Stored data:
^^^^
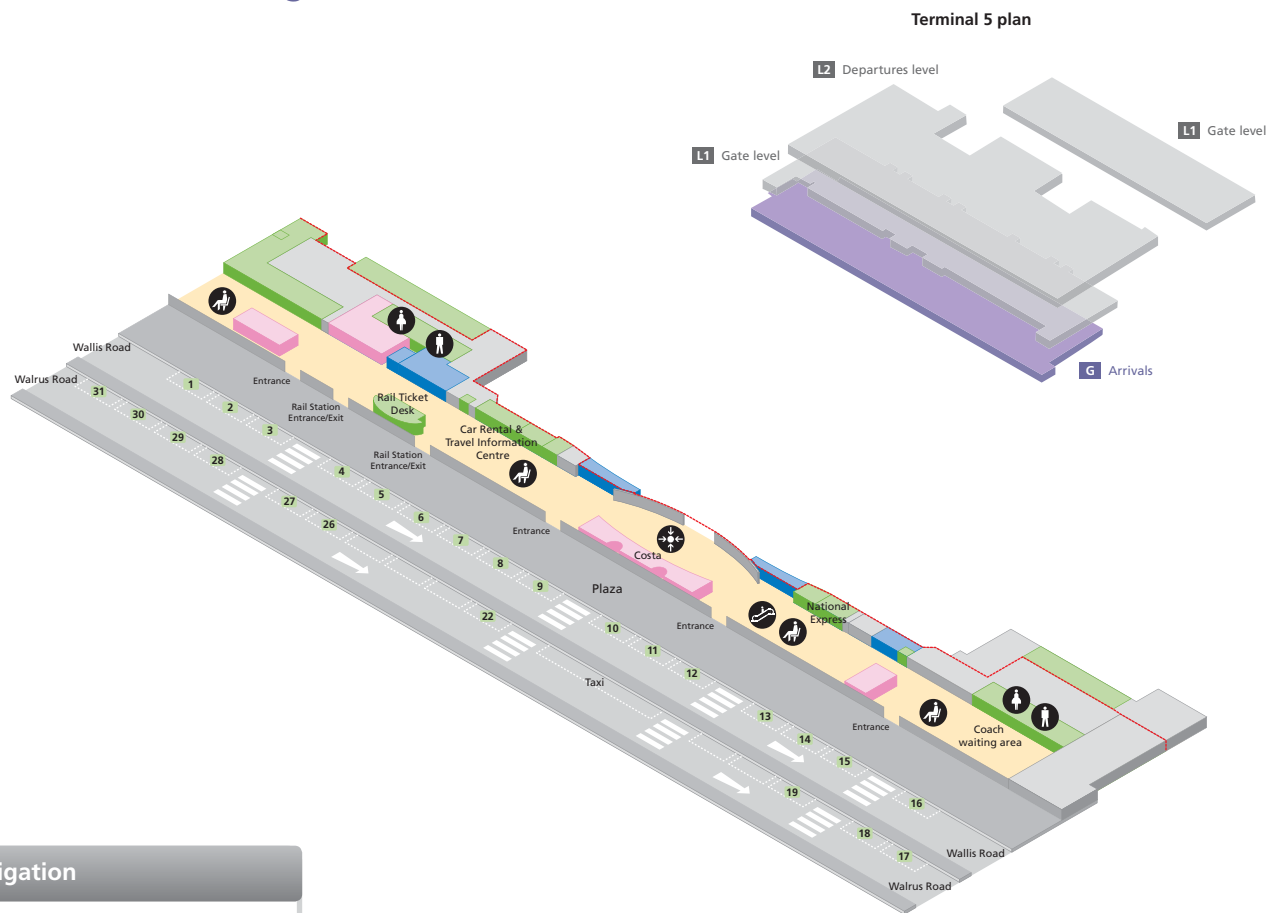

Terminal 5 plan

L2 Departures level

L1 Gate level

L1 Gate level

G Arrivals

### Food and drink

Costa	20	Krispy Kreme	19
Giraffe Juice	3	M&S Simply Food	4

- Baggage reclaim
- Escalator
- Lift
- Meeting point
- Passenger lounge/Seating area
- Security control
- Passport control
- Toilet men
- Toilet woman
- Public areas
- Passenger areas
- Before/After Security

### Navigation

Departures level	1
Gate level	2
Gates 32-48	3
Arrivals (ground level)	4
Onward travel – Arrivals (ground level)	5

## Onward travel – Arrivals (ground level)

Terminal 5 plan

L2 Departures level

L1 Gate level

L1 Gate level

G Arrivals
^^^^
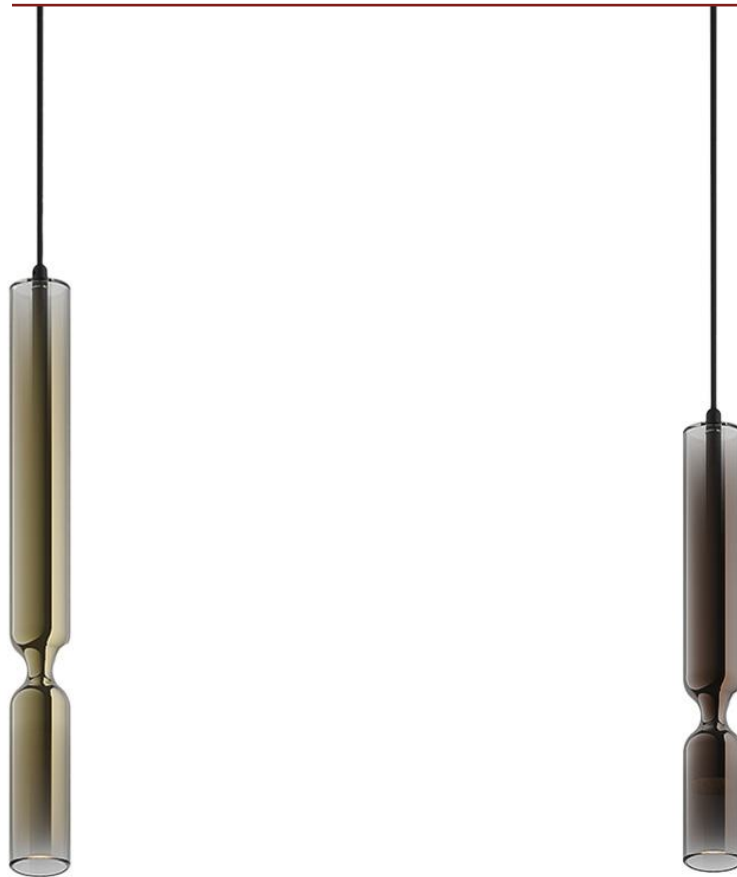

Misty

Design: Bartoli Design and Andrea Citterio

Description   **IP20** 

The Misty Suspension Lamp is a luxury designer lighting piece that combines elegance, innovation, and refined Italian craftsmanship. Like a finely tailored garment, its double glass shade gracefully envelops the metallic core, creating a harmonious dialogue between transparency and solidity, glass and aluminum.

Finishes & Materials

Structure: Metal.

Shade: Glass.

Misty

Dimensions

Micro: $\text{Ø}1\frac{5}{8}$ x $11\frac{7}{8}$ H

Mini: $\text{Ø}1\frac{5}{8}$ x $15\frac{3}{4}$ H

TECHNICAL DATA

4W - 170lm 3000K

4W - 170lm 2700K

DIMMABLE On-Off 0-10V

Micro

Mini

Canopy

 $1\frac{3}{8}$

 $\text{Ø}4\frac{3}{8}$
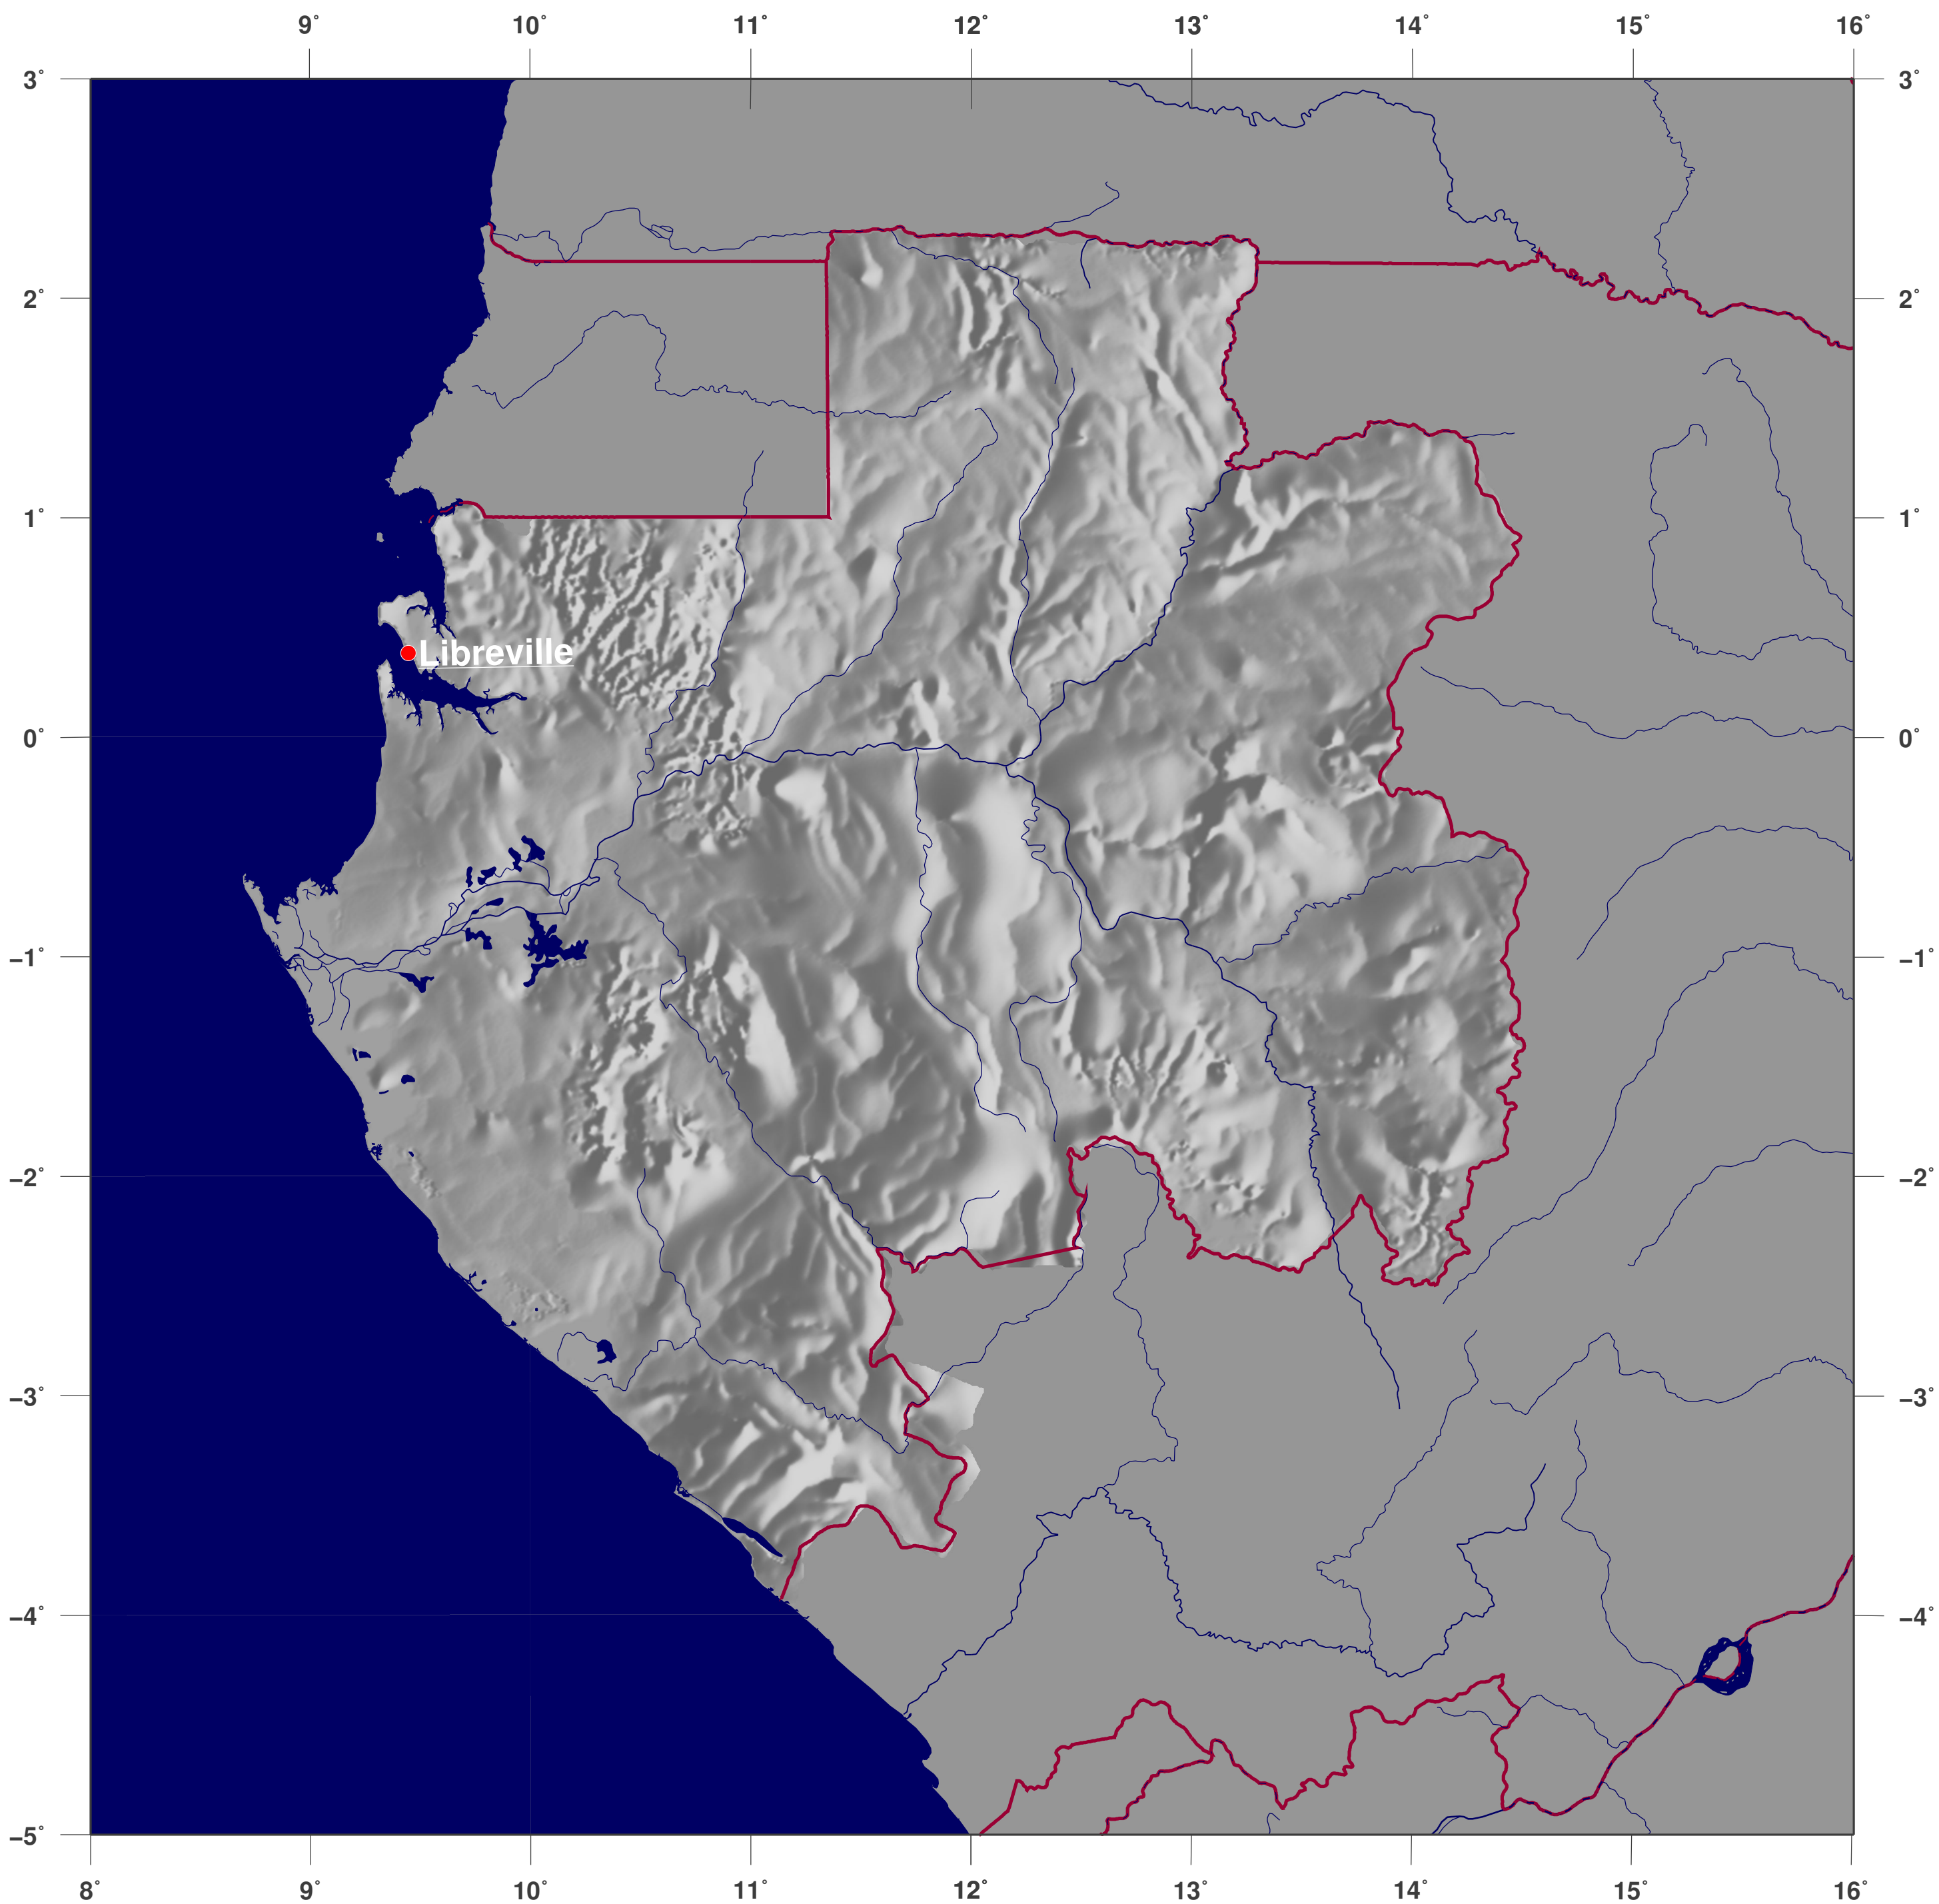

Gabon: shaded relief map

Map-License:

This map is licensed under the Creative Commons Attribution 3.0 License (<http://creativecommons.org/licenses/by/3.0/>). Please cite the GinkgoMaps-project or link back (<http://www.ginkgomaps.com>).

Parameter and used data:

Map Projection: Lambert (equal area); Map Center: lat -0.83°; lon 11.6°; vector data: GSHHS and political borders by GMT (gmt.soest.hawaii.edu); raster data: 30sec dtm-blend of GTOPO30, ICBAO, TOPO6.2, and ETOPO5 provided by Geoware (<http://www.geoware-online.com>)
^^^^
Give exactly the lines above that run from the line with "4W - 170lm 3000K" to the line with "Map Projection: Lambert", both included, leaving every picture out.

4W - 170lm 3000K

4W - 170lm 2700K

DIMMABLE On-Off 0-10V

Micro

Mini

Canopy

 $1\frac{3}{8}$

 $\text{Ø}4\frac{3}{8}$

Gabon: shaded relief map

Map-License:

This map is licensed under the Creative Commons Attribution 3.0 License (<http://creativecommons.org/licenses/by/3.0/>). Please cite the GinkgoMaps-project or link back (<http://www.ginkgomaps.com>).

Parameter and used data:

Map Projection: Lambert (equal area); Map Center: lat -0.83°; lon 11.6°; vector data: GSHHS and political borders by GMT (gmt.soest.hawaii.edu); raster data: 30sec dtm-blend of GTOPO30, ICBAO, TOPO6.2, and ETOPO5 provided by Geoware (<http://www.geoware-online.com>)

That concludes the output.